L’objectif de ce nouveau système est de « faciliter l’accès
des citoyens » à quelque 590 services administratifs, comme
l’obtention des pensions de retraite, la récupération ou le
renouvellement des cartes d’identité, des certificats de
naissance, des passeports ou des permis de conduire, le
paiement des factures de téléphone ou de portable, la
réservation des billets d’avion ou de train, les permis de
construction ou l’accomplissement des procédures douanières
ainsi qu’une série d’autres services dans d’autres domaines
comme l’éducation et la santé.
Une
sorte de baguette magique qui résoudra tous les problèmes. «
Cette initiative vise à faciliter la vie aux citoyens prêts
à payer de l’argent pour ne pas avoir à subir les longues
files d’attente à chaque fois qu’ils ont besoin d’accomplir
une procédure administrative, et d’autre part, à solutionner
la bureaucratie et la lenteur des procédures de la plupart
des services », affirme Nasser Fouad, responsable au
ministère du Développement administratif. Il ajoute que la
lutte contre la corruption administrative est l’un des
motifs de cette initiative. Car dans la plupart des
administrations, les fonctionnaires reçoivent encore
régulièrement des dessous de table.
Le
dernier rapport du ministère du Développement administratif
a révélé que 76 % des employés de la fonction publique, soit
3,5 millions d’employés, perçoivent des montants d’argent
sous la table durant l’exercice de leur fonction. Ce même
rapport a révélé que la corruption administrative touche
particulièrement certains secteurs comme les municipalités,
les douanes et les impôts et que les mécanismes adoptés
contre ce phénomène n’ont pas eu de vrais résultats. Le
problème de la bureaucratie est certainement bien ancré dans
la société. L’initiative du gouvernement va-t-elle mettre
fin à tous les maux ? Pour certains, c’est assurément non. «
Le gouvernement veut nous donner l’impression qu’il a résolu
tous les problèmes. Une telle initiative revient à traiter
un bouton de fièvre au lieu de traiter la fièvre. L’appareil
administratif de l’Etat est pléthorique et souffre de
mauvaise gestion. Les employés sont mal payés et ils
travaillent dans de très mauvaises conditions. Tout ceci est
le résultat de politiques erronées au cours des années
passées », commente Hussein Abdel-Razeq, secrétaire général
du parti du Rassemblement, unioniste progressiste, gauche.

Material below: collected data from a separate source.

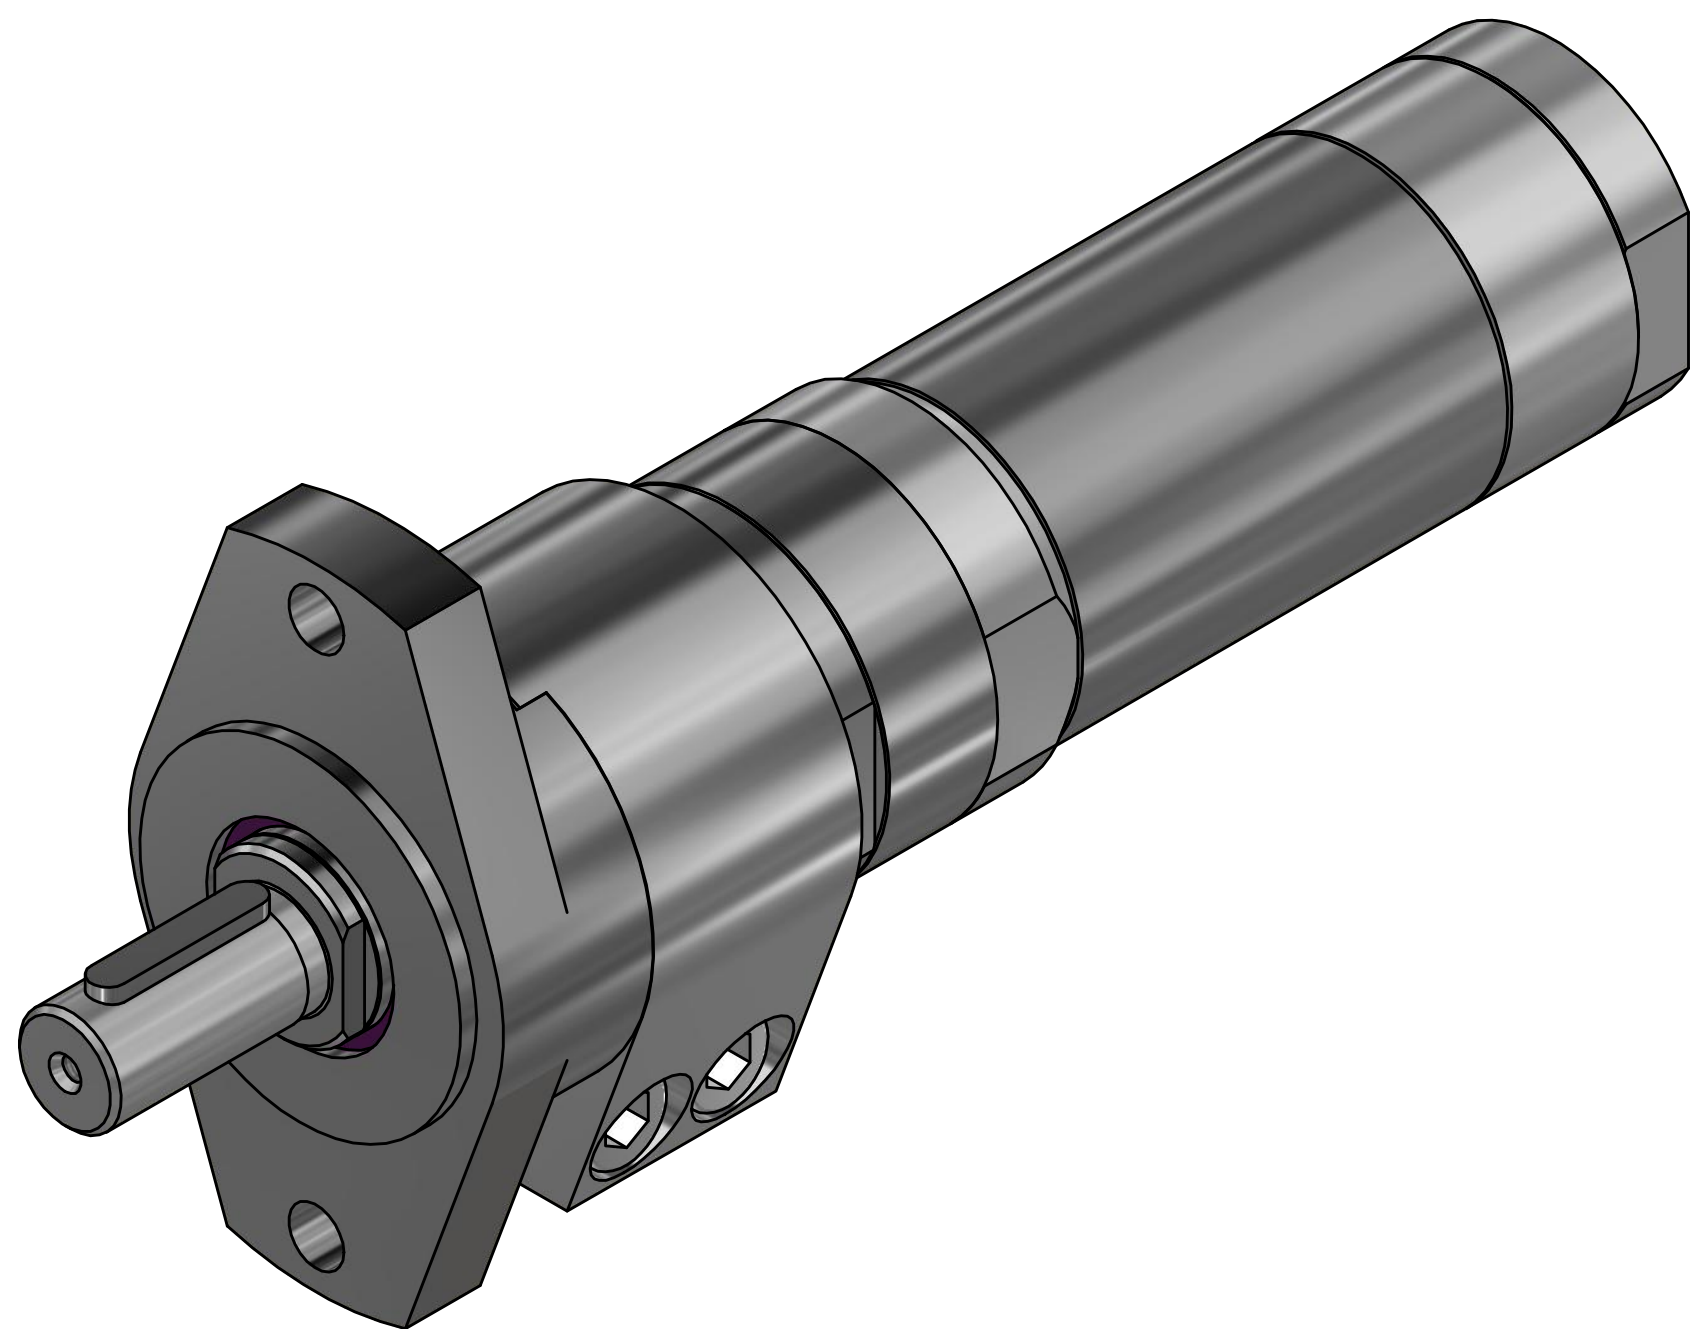

Paßfeder
feather key
DIN 6885 - 6x6x30

MRD 55-105 F100
60031937

**MANNESMANN
DEMAG**

Änderungsstand: - 21.11.2018

Selon lui, l’initiative gouvernementale fera que seuls les
riches bénéficieront d’un service aisé, tandis que les
pauvres n’auront droit qu’à un service lamentable.
Depuis
quelques années, le gouvernement tente de régler le problème
de la bureaucratie, mais en vain. En 2002, le gouvernement
avait créé 500 « bureaux de service » répartis dans les
différents gouvernorats. Six ans après l’expérience, ces
centres ont fermé leurs portes du fait de leur ignorance par
les citoyens. « Pendant six ans de travail, nous n’avons
reçu que 650 clients. C’est parce que peu de gens
connaissent ces centres. Les gens croient que ces kiosques
sont des bureaux de poste. Aucune publicité n’a été faite
durant toute cette période pour les faire connaître, sous
prétexte que cela alourdissait le budget », lâche Mohamad
Osmane, fonctionnaire au centre de service à Madinet Nasr.
D’autres problèmes sont apparus, rendant le service mal
présenté aux citoyens. Les employés de ces centres sont mal
payés. Ils obtiennent un salaire mensuel de 300 L.E. et sont
obligés de se déplacer entre les différents services
gouvernementaux, alors que les frais de transport ne leur
sont pas remboursés, et qu’ils n’ont même pas la permission
d’utiliser les moyens de transport gratuitement.
Vient
ensuite l’absence de lignes directes de téléphone ou de fax
qui faciliteraient la mission de ces employés. « Après
l’échec de cette expérience, plusieurs propositions ont été
étudiées, entre autres la vente de ces bureaux au secteur
privé qui se chargera de présenter les différents services
aux citoyens. Mais cette idée a été rejetée car le ministère
ne pourra pas, dans ce cas, contrôler les coûts des services
qui seront bien sûr plus chers », assure Nasser. Des spots
publicitaires sont diffusés sur les différentes chaînes
télévisées ainsi que dans les journaux pour informer les
citoyens sur la nouvelle initiative, en attendant de trouver
des solutions de fond pour le problème de la bureaucratie.